Object detection goes even further and requires even more computing power to draw bounding boxes around the objects, which means predicting their position in the image and size. It’s an essential technology needed to enable autonomous vehicles (AVs), informing the vehicle about its surroundings from cars and bicycles to traffic signs and lights and road lane markings.

Training Neural Networks

Typically, NNs are trained using a cluster of servers bolstered by general-purpose graphics processing units (GPGPUs). For accuracy, NN training almost universally relies on floating-point number representations for the NN’s weights and activations. Due to the use of floating-point representations and the sheer number of computations needed, NN training requires an immense amount of computing power.

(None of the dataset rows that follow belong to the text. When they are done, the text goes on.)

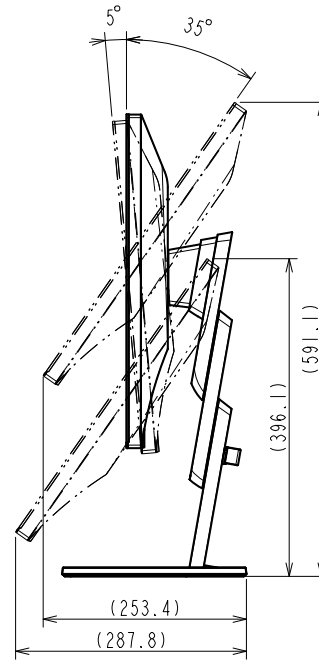

# OUTLINE DIMENSIONS

MODEL	EV3285
UNIT	mm

EIZO Corporation

OUTLINE DIMENSIONS	
MODEL	EV3285
UNIT	mm
EIZO Corporation	

4xM4(Max Depth 11.0mm)
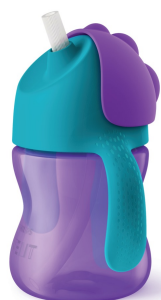

PHILIPS

AVENT

Bendy Szívószálas ítató pohár

Bendy szívószálas pohár

200 ml

9 hó+

1 db-os

SCF796/02

Hozzájárul a fogak egészséges fejlődéséhez*

Szivárgás elleni szelep a kiömlések elkerülése érdekében

A fogfejlődést elősegítő, formázott kialakítású Philips Avent Bendy szívószálas pohár ideális választás a növekedésben lévő, aktív tipegők számára. Ez a szakértők segítségével kifejlesztett pohár a legjobb szívószálas termékünk.*

Hozzájárul a fogak egészséges fejlődéséhez*

- Philips Avent poharaink követik gyermeke fejlődését
- Egészséges fogfejlődés

Kis méret és markolatok – Ideális az első szívószálas kortyokhoz

- Ergonomikus markolat és puha szívószál – ideális a kisgyermek számára
- A szívószál alsó része hajlított, hogy az utolsó cseppet is könnyű legyen meginni
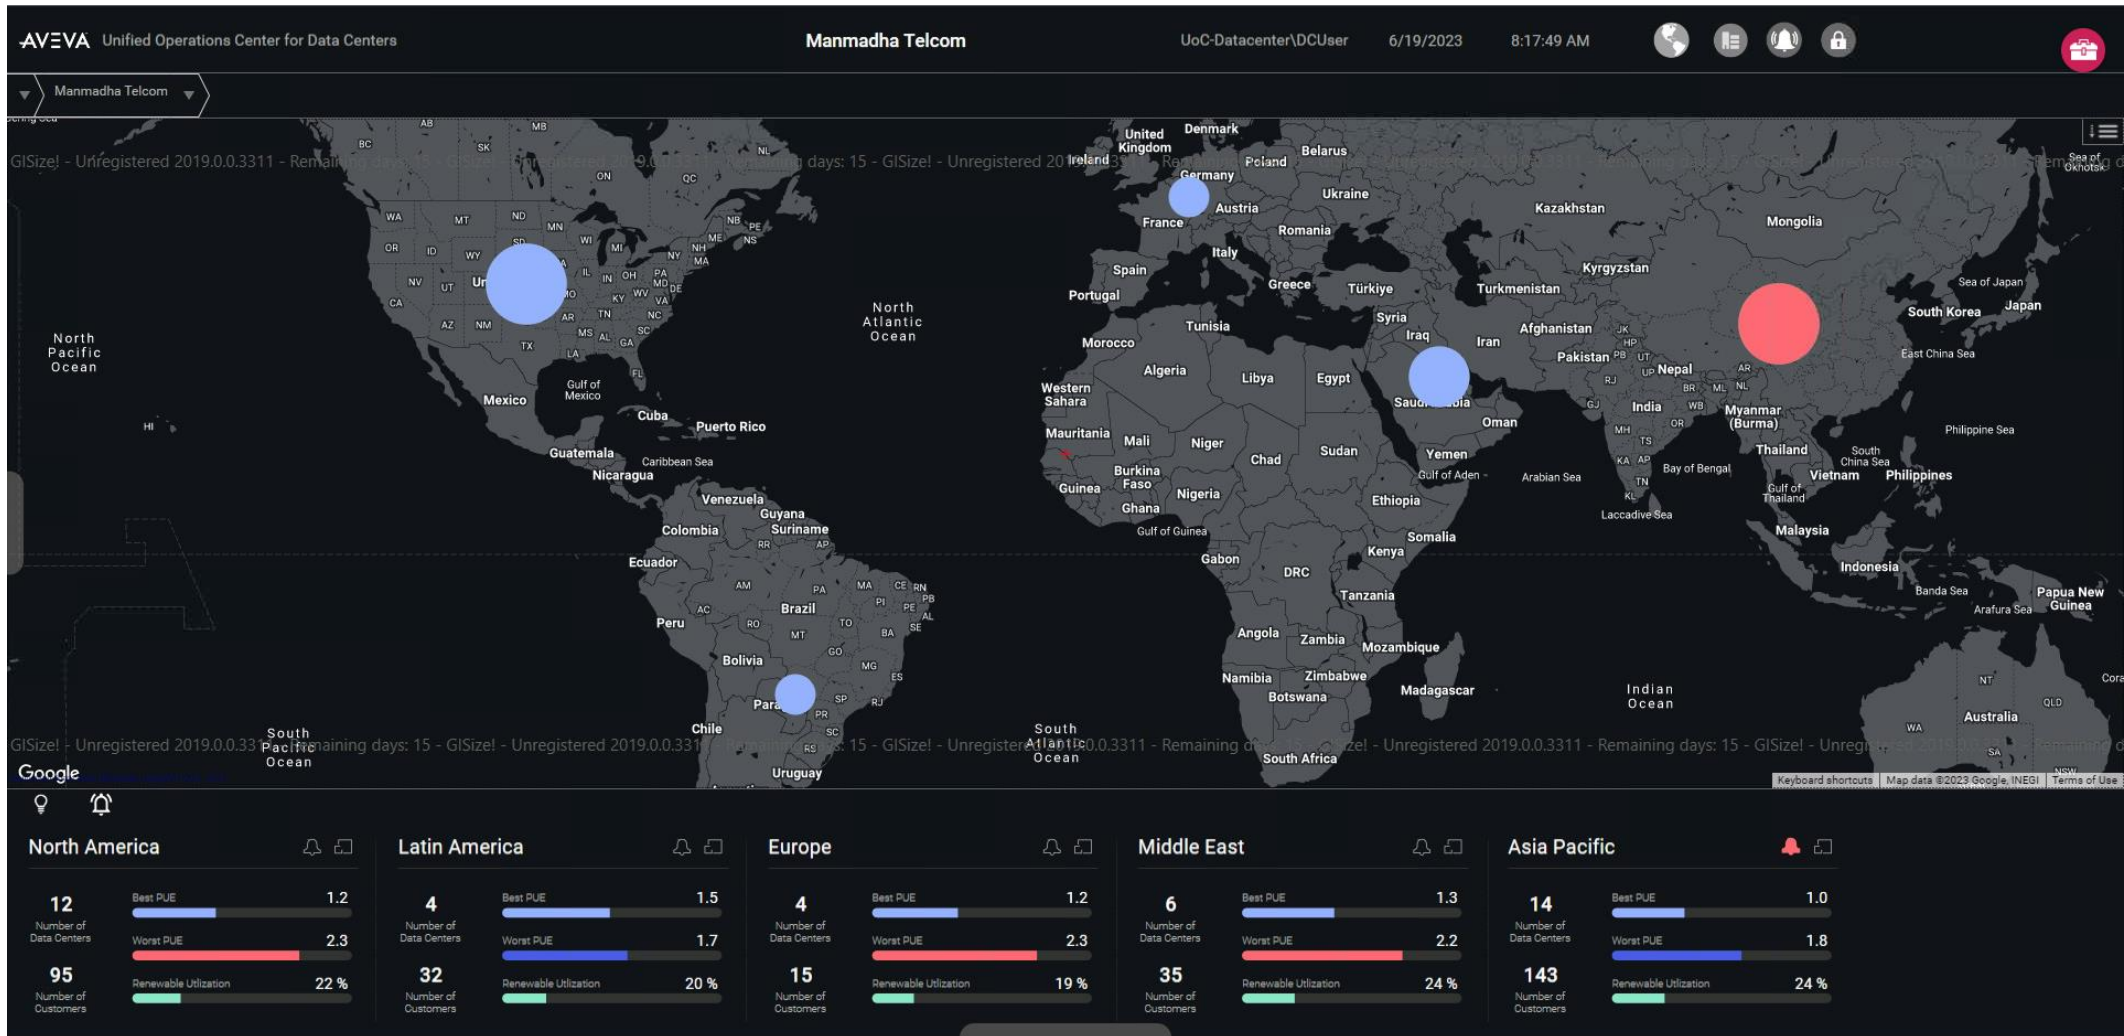

Demo : Data Center

If that type of compute was trivially used during inference in embedded and edge applications, it would be prohibitively power-hungry—especially for battery-powered mobile applications such as AVs. Thus, care must be taken to reframe the inference problem in ways that reduce the amount of computation needed while maintaining the required accuracy.

One of Recogni’s semantic segmentation CNNs that was trained on the A2D2 dataset—a driving dataset of video published by Audi—achieved a mean intersection over union (IoU) score of 83.78%. It even surpassed the original paper’s reference performance after having been compressed and quantized to Recogni’s proprietary mathematical systems. 

The IoU score specifies the amount of overlap between the predicted and ground-truth bounding boxes. It’s the ratio of the intersection (the overlap) of the predicted bounding boxes and the ground-truth (actual) bounding boxes divided by the union of these two boxes.

If the prediction is perfect, the score is 100%. If the prediction is so poor that the predicted bounding boxes don’t overlap the ground-truth bounding boxes at all, the score is zero. Semantic segmentation is used in AD/ADAS for various applications such as classifying the road into drivable and non-drivable segments or identifying parking spots and sidewalks.

A single numeric score can often fail to capture all of the details required to judge CNN performance and the IoU metric is no exception. Figure 1 subtracts the pixel-value predictions of the original CNN with the predictions of a converted network for a single sample of the dataset. Differences between the CNN’s predictions and ground truth appear in color and matches appear black.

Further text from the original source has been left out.